Liberals and secular activists in the "Tamarud - Rebel!" campaign, accuse Islamists of intimidation. They say they have gathered 15 million signatures on a petition calling for Morsi to resign - more than the 13 million votes that elected him.

The Brotherhood and its Islamist allies staged a massive rally in support of Morsi in Cairo on Friday, at which some speakers warned of a violent response to efforts to remove him.

The Muslim Brotherhood said on Facebook on Sunday that Karim Abdel Ghani, a member of the Islamist Nour party, was shot dead in Mahalla by the "Tamarud militia". Nour said its office in Mahalla was also attacked.

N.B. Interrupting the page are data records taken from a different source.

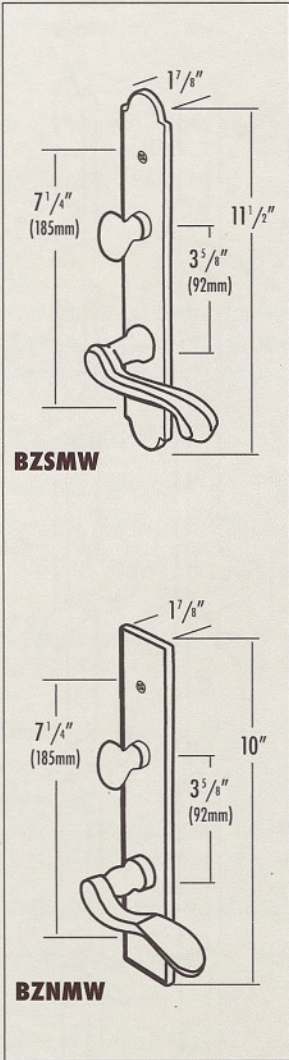

Multi-Point Hardware For Ashland Locks

NMW

Multi-Point Locks are unsuitable for use with knobs.

ORDERING GUIDE

BZ	NMW	200	.55	.L
Finish	Escutcheon	Lever Style	Function	Handing

Available with any lever.

Suitable for Marvin, JELD-WEN Custom Collection, Milgard, PG® and others using Ashland locks.

Marvin 'Integrity' Doors use one of our other sets of hardware, shown on page 38.
JELD-WEN Premium Collection uses Hoppe locks, suitable trim is shown on page 40.

Illustrated
Chester Entry
BZNMW 200 .55

Ashley Norton

The Brotherhood's political wing, the Freedom and Justice Party (FJP), said it planned a funeral on Sunday for Mohamed Shalaqany, who it said was shot some days before by Tamarud "thugs" in Fayoum, a rural Islamist bastion south of Cairo.

"Their name is Tamarud but they are actually remnants of the old regime," Murad Ali, a senior FJP official said.

Egyptian media gave extensive coverage on Sunday to a ruling by a judge in Ismailia who, in acquitting a man accused of fleeing a local jail during the 2011 uprising, asked the public prosecutor to investigate what he described as a "conspiracy" by the Brotherhood and foreign Islamists to open up the prison.

Among those freed was Morsi himself, who had been among hundreds of Brotherhood leaders rounded up as a precaution by Mubarak's security forces when the revolution began.

The freeing of Palestinian militants from Hamas and Lebanese members of the Shi'ite Hezbollah militia, among others, has prompted accusations from the Brotherhood's opponents that it connived with enemies of Egypt during the incident.

After the judgement, opponents of Morsi gathered outside the court, calling for his resignation.